> _Activity_: Your copy should match the listing word for word, apart from the pictures, which are left out.

> _Data excerpts_:
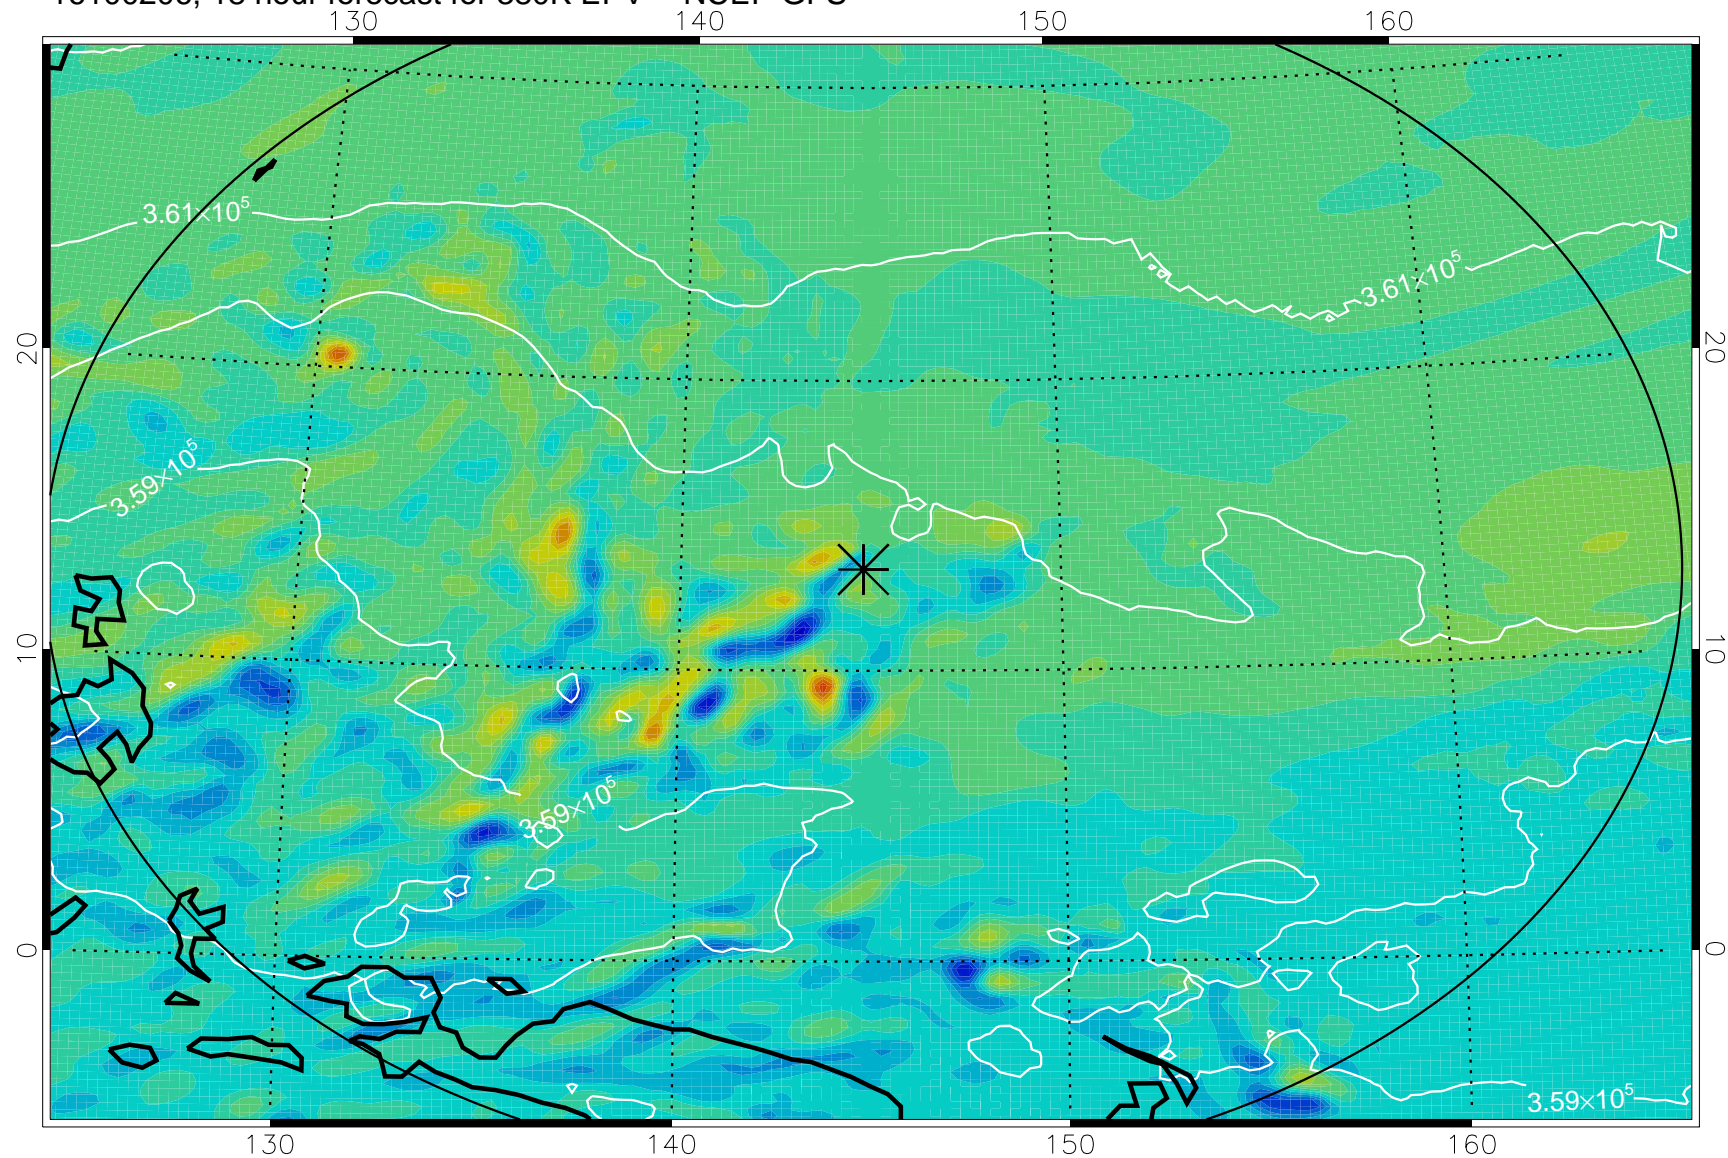

16100118, 6 hour forecast for 380K EPV -- NCEP GFS

380K Montgomery Streamfunction, white

Range ring of 2304 km

16100200, 12 hour forecast for 380K EPV -- NCEP GFS

380K Montgomery Streamfunction, white

Range ring of 2304 km

16100206, 18 hour forecast for 380K EPV -- NCEP GFS

380K Montgomery Streamfunction, white

Range ring of 2304 km

16100212, 24 hour forecast for 380K EPV -- NCEP GFS

380K Montgomery Streamfunction, white

Range ring of 2304 km

16100218, 30 hour forecast for 380K EPV -- NCEP GFS

380K Montgomery Streamfunction, white

Range ring of 2304 km

16100300, 36 hour forecast for 380K EPV -- NCEP GFS

380K Montgomery Streamfunction, white

Range ring of 2304 km

16100418, 78 hour forecast for 380K EPV -- NCEP GFS

380K Montgomery Streamfunction, white

Range ring of 2304 km

16100500, 84 hour forecast for 380K EPV -- NCEP GFS

380K Montgomery Streamfunction, white

Range ring of 2304 km
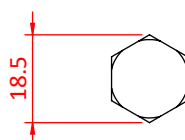

Snap In Pins

Product Data Sheet

A range of stainless steel snap in pins.	
Part Nos	G1165 - Ø16mm - 0.07Kg G1166 - Ø1½" - 0.10Kg G1167 - Ø10mm - 0.13Kg
Materials	Stainless Steel Grade 8.8 Fasteners
WLL	Not Rated

G1166

> _Task response_:
16100118, 6 hour forecast for 380K EPV -- NCEP GFS

380K Montgomery Streamfunction, white

Range ring of 2304 km

16100200, 12 hour forecast for 380K EPV -- NCEP GFS

380K Montgomery Streamfunction, white

Range ring of 2304 km

16100206, 18 hour forecast for 380K EPV -- NCEP GFS

380K Montgomery Streamfunction, white

Range ring of 2304 km

16100212, 24 hour forecast for 380K EPV -- NCEP GFS

380K Montgomery Streamfunction, white

Range ring of 2304 km

16100218, 30 hour forecast for 380K EPV -- NCEP GFS

380K Montgomery Streamfunction, white

Range ring of 2304 km

16100300, 36 hour forecast for 380K EPV -- NCEP GFS

380K Montgomery Streamfunction, white

Range ring of 2304 km

16100418, 78 hour forecast for 380K EPV -- NCEP GFS

380K Montgomery Streamfunction, white

Range ring of 2304 km

16100500, 84 hour forecast for 380K EPV -- NCEP GFS

380K Montgomery Streamfunction, white

Range ring of 2304 km

Snap In Pins

Product Data Sheet

A range of stainless steel snap in pins.	
Part Nos	G1165 - Ø16mm - 0.07Kg G1166 - Ø1½" - 0.10Kg G1167 - Ø10mm - 0.13Kg
Materials	Stainless Steel Grade 8.8 Fasteners
WLL	Not Rated

G1166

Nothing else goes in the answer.